На зов немедленно прибежала румяная старушка в кокетливом фартучке:
— Давно уж готово, Павел Петрович!
— Хорошо, — кивнул он. И, направляясь в столовую вслед за домработницей, как бы невзначай обронил:
— Лена, зови меня теперь «господин барон». Поняла?
Женщина торопливо кивнула, нисколько не удивившись. В доме уже третий год только и разговоров, что Величко ищет свои знатные корни. Нашёл, значит.
Павел Петрович вальяжно уселся за стол. Умная Лена подобострастно спросила:
— Вам первое подавать? Или, как всегда, сразу мясо, господин барон?
«Да, звучит!» — приосанился Величко. И ответил снисходительно:
— Как обычно, Леночка. А первое — вечером, когда все соберутся.

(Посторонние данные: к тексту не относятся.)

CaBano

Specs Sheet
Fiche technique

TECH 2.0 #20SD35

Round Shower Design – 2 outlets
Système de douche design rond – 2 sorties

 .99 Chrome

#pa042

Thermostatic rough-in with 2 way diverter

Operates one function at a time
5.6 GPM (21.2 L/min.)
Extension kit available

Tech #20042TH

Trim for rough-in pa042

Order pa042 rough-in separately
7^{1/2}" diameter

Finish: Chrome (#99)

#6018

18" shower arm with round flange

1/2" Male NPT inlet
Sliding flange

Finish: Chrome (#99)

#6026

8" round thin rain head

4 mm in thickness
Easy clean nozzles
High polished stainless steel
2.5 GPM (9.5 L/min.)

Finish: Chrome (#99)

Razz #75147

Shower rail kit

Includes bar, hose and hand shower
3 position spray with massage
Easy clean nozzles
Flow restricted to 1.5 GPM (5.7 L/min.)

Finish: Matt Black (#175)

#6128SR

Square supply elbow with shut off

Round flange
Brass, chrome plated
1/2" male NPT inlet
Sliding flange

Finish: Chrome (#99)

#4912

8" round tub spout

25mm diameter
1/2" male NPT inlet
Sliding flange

Домработница ловко, в один момент, накрыла, и пока хозяин обедал, привычно докладывала:
— Значит, сегодня хозяйка поехала с утра по магазинам; Анжелика Павловна — в институте, а Иннокентий Павлович — по делам; за ним заехал сын Старкова.
— Спасибо, — Павел Петрович доел. — Я в офис, буду часам к шести. Подготовь праздничный ужин. Надо же отметить, а? — он рассмеялся, кивнув на пачку золотистых визиток, которыми не переставал любоваться и за едой.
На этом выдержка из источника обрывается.